1947 Financier and presidential confidant Bernard Baruch declares in a speech at the South Carolina statehouse: "Let us not be deceived - we are today in the midst of a cold war." 

1948 The Organization for European Economic Cooperation is set up in Paris.

1951 The British submarine Affray sinks in the English Channel with the loss of 75 lives.

1951 The famous 'Lighthouse Storm' rages near Boston Harbor, Massachusetts, destroying Minot Light with its two keepers still inside. Whole gales and gigantic waves from the storm result in major shipping losses and severe coastal erosion.

1958 Pigs on the Wing: A tornado rips through the community of Watrous, Saskatchewan. A large barn is destroyed trapping 100 pigs within and others are scattered by the winds. Five are discovered more than 3 miles from the barn.

1972 Apollo 16 is launched to make the fifth manned moon landing.

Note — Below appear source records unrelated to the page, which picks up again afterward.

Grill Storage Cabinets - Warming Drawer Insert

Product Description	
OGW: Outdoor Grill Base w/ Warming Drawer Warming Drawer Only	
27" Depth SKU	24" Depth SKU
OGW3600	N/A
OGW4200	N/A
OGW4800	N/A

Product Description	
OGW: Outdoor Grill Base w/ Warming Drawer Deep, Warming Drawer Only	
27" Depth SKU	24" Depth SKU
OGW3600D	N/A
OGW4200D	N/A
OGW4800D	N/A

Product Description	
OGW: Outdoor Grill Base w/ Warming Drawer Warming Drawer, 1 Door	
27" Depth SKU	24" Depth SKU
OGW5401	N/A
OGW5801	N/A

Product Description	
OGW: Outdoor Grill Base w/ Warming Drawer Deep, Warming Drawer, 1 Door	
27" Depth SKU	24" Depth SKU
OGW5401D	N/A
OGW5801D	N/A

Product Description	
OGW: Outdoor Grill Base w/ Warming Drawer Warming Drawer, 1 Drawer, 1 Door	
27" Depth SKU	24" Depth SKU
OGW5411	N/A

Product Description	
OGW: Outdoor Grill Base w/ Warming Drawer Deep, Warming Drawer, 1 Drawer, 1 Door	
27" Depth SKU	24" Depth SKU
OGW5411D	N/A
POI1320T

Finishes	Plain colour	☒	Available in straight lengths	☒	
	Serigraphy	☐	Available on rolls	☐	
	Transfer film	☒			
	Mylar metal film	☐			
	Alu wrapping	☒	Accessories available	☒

1975 The government of Cambodia asks the communist insurgents for a cease-fire and offers to turn power over to them.

1982 Queen Elizabeth proclaims Canada's new constitution, severing the last colonial links with Britain.

1988 Palestinian commando chief Khalil el-Wazir, also known as Abu Jihad, is assassinated in Tunis.

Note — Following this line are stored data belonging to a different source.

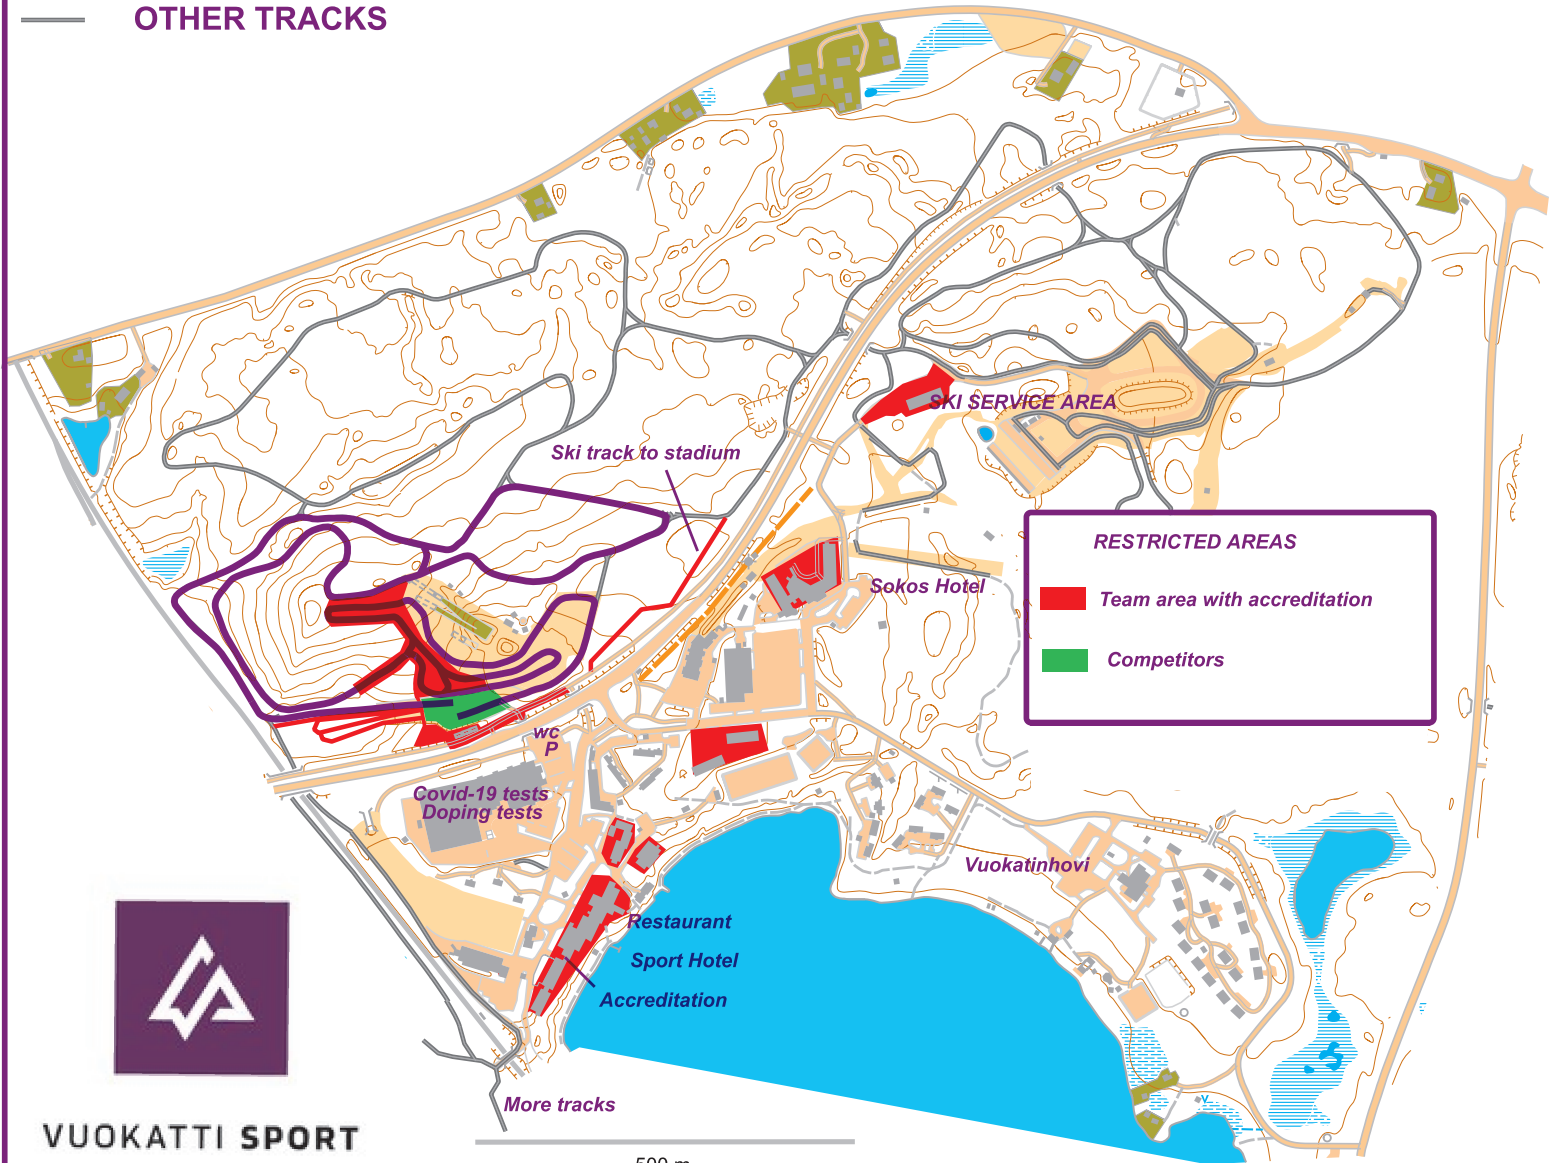

# AREA MAP

- COMPETITION TRACKS
- OTHER TRACKS

VUOKATTI SPORT

500 m
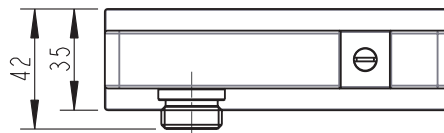

(Rough-in Dimensions):  
(Unit): mm

Item No.	P7172C
Available Color	Chome
Materials	Brass
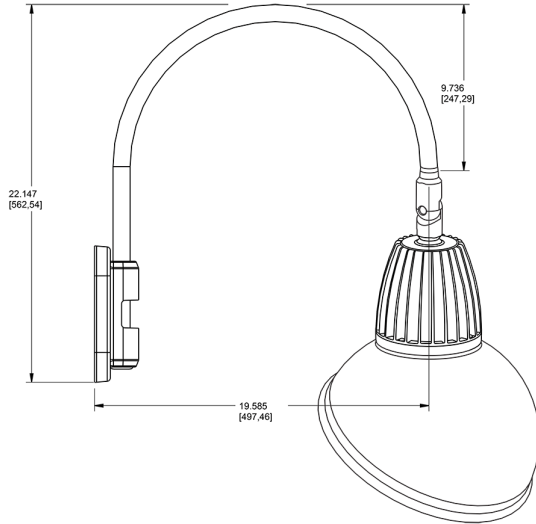

Dimensions

Features

- Adjustable 45° swivel joint
- Superior heat sink
- Die-cast aluminum housing
- 5-Year, No-Compromise Warranty

Ordering Matrix

Family	Wattage	Color Temp	Reflector	Shade	ShadeSize	Finish
GN5LED	13	N		AD		W
	13 = 13W 26 = 26W	Y = 3000K Warm N = 4000K Neutral	Blank = Flood R = Rectangular S = Spot	AD = Angled Dome	11 = 11" Blank = 15"	B = Black W = White A = Bronze S = Silver G = Hunter Green YL = Yellow LB = Light Blue BL = Royal Blue BWN = Brown I = Ivory R = Red

1991 The first Jewish settlement under the Israeli government opens in the occupied territories, defying a US request to stop such settlement activity in the West Bank and Gaza Strip.

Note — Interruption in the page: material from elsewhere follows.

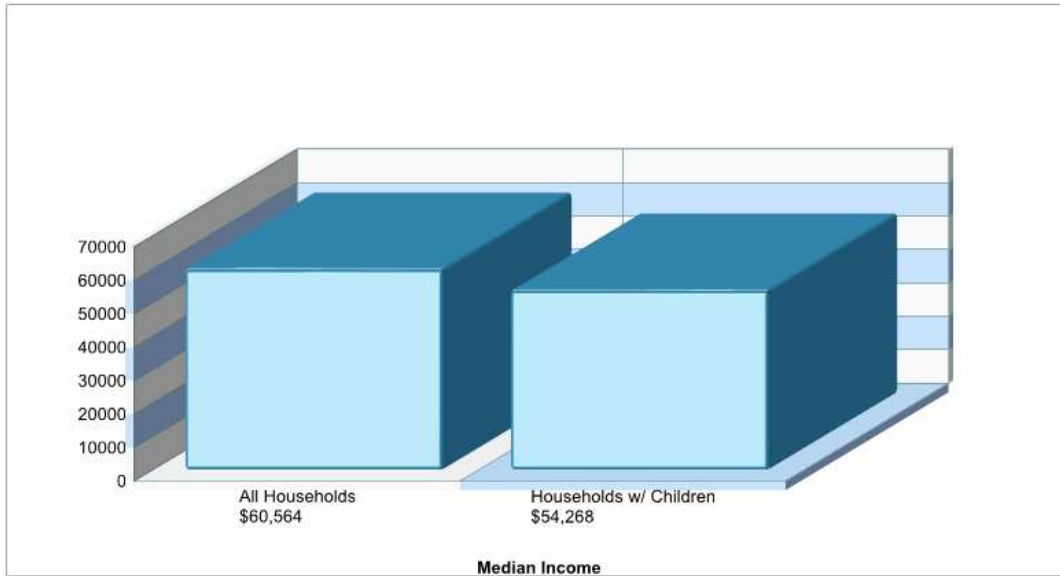

Location: Hurst, TX Household Income

1992 The US House ethics committee releases the names of more than 300 check-bouncers, ending an inquiry into the House bank scandal that rocked US Congress and raised havoc in election campaigns.

1992 The US Food and Drugs Administrative (FDA) rules that silicone breast implants may be returned to market, but only with severe restrictions limiting them to women who have 'urgent need.'

1994 Bosnian Serbs shoot down a British fighter jet as it attempts to fire on a Serbian tank. The pilot parachutes to safety.

1995 The European Union and Canada end a bitter dispute over fishing rights in the north Atlantic with a deal both sides declare will protect threatened fish stocks.